Basın açıklamasında konuşan SES Alanya Temsilcilik Eş Başkanı Zehra Ayata temizlik şefinin bir kadın sağlık emekçisine yumruk attığını belirterek “temizlik şefi olduğu iddia edilen kişinin bir kadın arkadaşımıza yumruk atması olayında bile şahsı koruyan art niyetli olmadığına kanaat getiren anlayış izaha muhtaçtır. Yine aynı şekilde hastanemizde kadın sorumlu hemşirenin masasının yumruklanmasıyla ilgili de bu cesareti nereden buldukları da izah edilmelidir. Mevzuata uygun olmayan şekilde yapılan dolap araması da hukuken geçersizdir, suçtur.

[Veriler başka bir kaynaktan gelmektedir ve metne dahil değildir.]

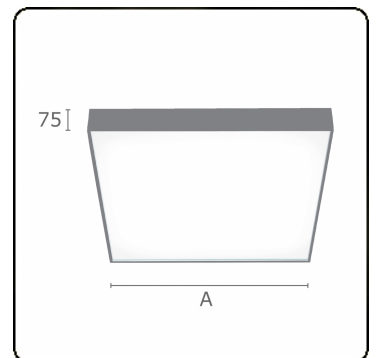

**Photometric details**

UGR	<19
CIE Fluxcode	58 87 97 100 100

**Dimensions**

A	330 mm
---	--------

**Remarks**

Ceiling luminaire - Direct - MPO - HO - ANO

**ENERGY**

Verrijgbaar op aanvraag.

Yine erkek yine tehdit” diyerek serzenişte bulundu.
“YORULDUK, YIPRANDIK”
Halka sağlık hizmeti verirken sağlık çalışanlarının beden ve ruh sağlığını bozan sorunlarla ilgili kamuoyunu bilgilendirmek, hastane yöneticileriyle de yaşananları kabul etmediklerini bir kere daha duyurmak için başhemlik önünde toplandıklarını aktaran Ayata, “Ülkemizde genel seçimlerin ve Mayıs ayında sendika yetki döneminin yaklaşmasıyla birlikte dozunu arttıran bir yandan yandaş sendika baskıları, bir yandan kadına yönelik şiddet bir yandan yandaş sendikacılara çalışmalarında kolaylık sağlanması bir yandan yeni makam odaları, bir yandan yönetici değişiklikleri, bir yandan adil olmayan soruşturmalar, bir yandan personel açığı giderilmeden alt yapısı hazırlanmadan açılan yeni bölümler ve teşvik sistemine dayanan ücretlendirmeyle artan iş yükü bizlere adeta iş yerimiz de cehennem hayatı yaşatıyor. Pandemi sürecinin ardından yaşanan deprem felaketiyle yeterince yorulan bizler hastanemize özel sorunlarla boğuşurken çok yıprandık. Yöneticilerle defalarca görüştük. Sonuç alamadık” diye konuştu.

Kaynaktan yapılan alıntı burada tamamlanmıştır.